SUPPLIED DATA →
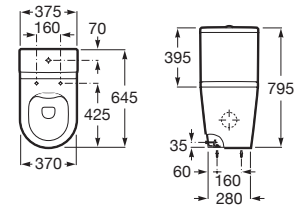

Bathroom Collections / Inspira

Back-to-wall close-coupled Roca Rimless® WC with dual outlet. Includes fixing kit and draining elbow.

A342526..0⁽¹⁾

Dual flush 4.5/3L cistern with bottom inlet for WC. Includes fixing kit, inlet valve and flush valve.

A341520..0⁽¹⁾

Soft-closing Supralit® WC seat and cover.

A801522..B

Finishes:

Compact back-to-wall close-coupled Roca Rimless® WC with dual outlet. Includes fixing kit and draining elbow. *

A342529..0

Dual flush 4.5/3L cistern with bottom inlet for WC. Includes fixing kit, inlet valve and flush valve. *

A341520..0

Soft-closing Supralit® WC seat and cover.

A80152C..B

Finishes:

EXERCISE PROMPT → Every line in the listing above that mentions "bottom" should be returned.

YOUR SOLUTION →
Dual flush 4.5/3L cistern with bottom inlet for WC. Includes fixing kit, inlet valve and flush valve.
Dual flush 4.5/3L cistern with bottom inlet for WC. Includes fixing kit, inlet valve and flush valve. *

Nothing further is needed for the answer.